(Stored dataset items)
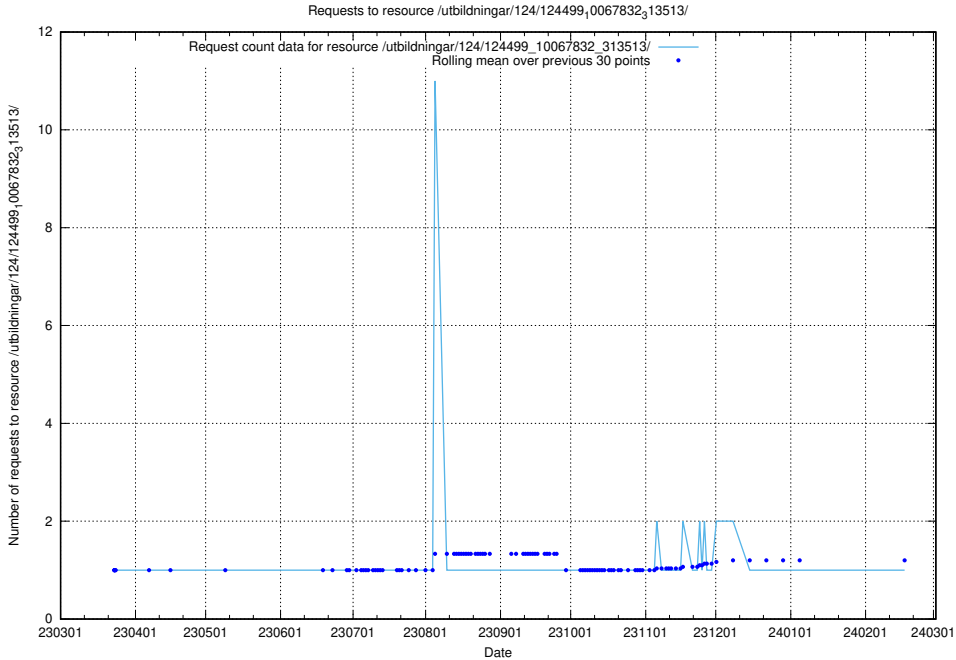

5.2730 Usage of /utbildningar/124/124499_10067832_313513/

Here, we count the number of requests to resource /utbildningar/124/124499_10067832_313513/.
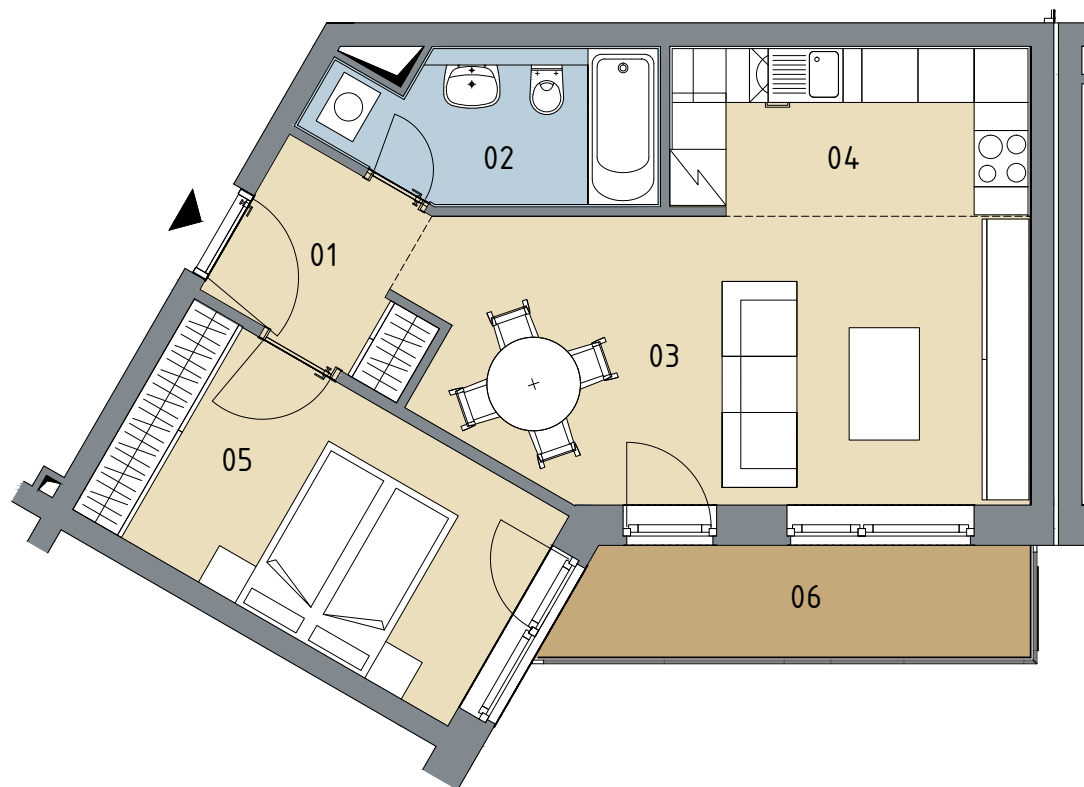

**SEKO  
KOMPLEX**

POHODA - RELAX - KOMFORT

Číslo bytu  
Flat number

**13**

Podlažie  
Floor **4. NP**

Počet izieb  
Number of rooms **2+kk**

Byt  
Size of flat **47,75 m<sup>2</sup>**

Pivnica  
Cellar **2,76 m<sup>2</sup>**

Balkón  
Balcony **5,92 m<sup>2</sup>**

Terasa  
Terrace **0 m<sup>2</sup>**

**Celková plocha**  
Total size

**56,43 m<sup>2</sup>**

- 01** Vstupná chodba 3,97 m<sup>2</sup>  
Entrance hall
- 02** Kúpeľňa 5,54 m<sup>2</sup>  
Bathroom
- 03** Obývacia izba + jedáleň 19,34 m<sup>2</sup>  
Living Room + dining room
- 04** Kuchynský kút 6,93 m<sup>2</sup>  
Kitchenette
- 05** Izba 11,98 m<sup>2</sup>  
Room
- 06** Balkón 5,92 m<sup>2</sup>  
Balcony

Uvedené rozmery sú plánované, nemusia sa zhodovať s porealizačným zameraním.  
Nábytok a kuchynská linka nie sú súčasťou štandardu. Sú zobrazené pre ilustráciu.  
Výmery sú vrátane plôch nízkych inštaláčnych predstienok pre sanitu.

● WHAT YOU NEED TO DO
Write out each entry exactly as given, omitting any picture.

● COMPLETED TASK
5.2730 Usage of /utbildningar/124/124499_10067832_313513/

Here, we count the number of requests to resource /utbildningar/124/124499_10067832_313513/.

**SEKO  
KOMPLEX**

POHODA - RELAX - KOMFORT

Číslo bytu  
Flat number

**13**

Podlažie  
Floor **4. NP**

Počet izieb  
Number of rooms **2+kk**

Byt  
Size of flat **47,75 m<sup>2</sup>**

Pivnica  
Cellar **2,76 m<sup>2</sup>**

Balkón  
Balcony **5,92 m<sup>2</sup>**

Terasa  
Terrace **0 m<sup>2</sup>**

**Celková plocha**  
Total size

**56,43 m<sup>2</sup>**

- 01** Vstupná chodba 3,97 m<sup>2</sup>  
Entrance hall
- 02** Kúpeľňa 5,54 m<sup>2</sup>  
Bathroom
- 03** Obývacia izba + jedáleň 19,34 m<sup>2</sup>  
Living Room + dining room
- 04** Kuchynský kút 6,93 m<sup>2</sup>  
Kitchenette
- 05** Izba 11,98 m<sup>2</sup>  
Room
- 06** Balkón 5,92 m<sup>2</sup>  
Balcony

Uvedené rozmery sú plánované, nemusia sa zhodovať s porealizačným zameraním.  
Nábytok a kuchynská linka nie sú súčasťou štandardu. Sú zobrazené pre ilustráciu.  
Výmery sú vrátane plôch nízkych inštaláčnych predstienok pre sanitu.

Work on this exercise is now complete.